[Work order]
Without the pictures, can you quote each line below exactly?

====== Material provided ======

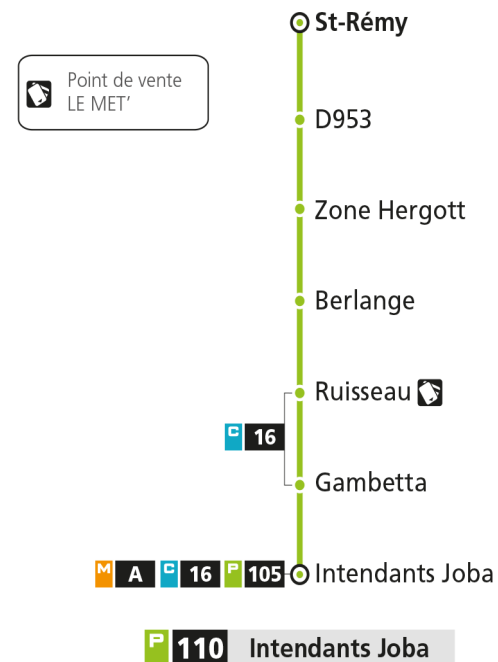

P

110

WOIPPY ST-REMY

arrêt ZONE HERGOTT

Du 30 Août 2021 au 03 Juillet 2022

Du lundi au vendredi - hors jours fériés

4h	5h	6h	7h	8h	9h	10h	11h	12h	13h	14h	15h	16h	17h	18h	19h	20h	21h	22h	23h	00h	
																40*					

Samedi - hors jours fériés

4h	5h	6h	7h	8h	9h	10h	11h	12h	13h	14h	15h	16h	17h	18h	19h	20h	21h	22h	23h	00h	
																40*					

Du lundi au vendredi pendant les petites vacances scolaires - hors jours fériés

4h	5h	6h	7h	8h	9h	10h	11h	12h	13h	14h	15h	16h	17h	18h	19h	20h	21h	22h	23h	00h	
																40*					

Dimanche et jours fériés

4h	5h	6h	7h	8h	9h	10h	11h	12h	13h	14h	15h	16h	17h	18h	19h	20h	21h	22h	23h	00h	
				51*				51*							17*						

* - Horaire disponible uniquement sur réservation au 0800 00 29 38 (appel et service gratuits)

P 110 Woippy St-Rémy

======

[Result of the task]
P

110

WOIPPY ST-REMY

arrêt ZONE HERGOTT

Du 30 Août 2021 au 03 Juillet 2022

Du lundi au vendredi - hors jours fériés

4h	5h	6h	7h	8h	9h	10h	11h	12h	13h	14h	15h	16h	17h	18h	19h	20h	21h	22h	23h	00h	
																40*					

Samedi - hors jours fériés

4h	5h	6h	7h	8h	9h	10h	11h	12h	13h	14h	15h	16h	17h	18h	19h	20h	21h	22h	23h	00h	
																40*					

Du lundi au vendredi pendant les petites vacances scolaires - hors jours fériés

4h	5h	6h	7h	8h	9h	10h	11h	12h	13h	14h	15h	16h	17h	18h	19h	20h	21h	22h	23h	00h	
																40*					

Dimanche et jours fériés

4h	5h	6h	7h	8h	9h	10h	11h	12h	13h	14h	15h	16h	17h	18h	19h	20h	21h	22h	23h	00h	
				51*				51*							17*						

* - Horaire disponible uniquement sur réservation au 0800 00 29 38 (appel et service gratuits)

P 110 Woippy St-Rémy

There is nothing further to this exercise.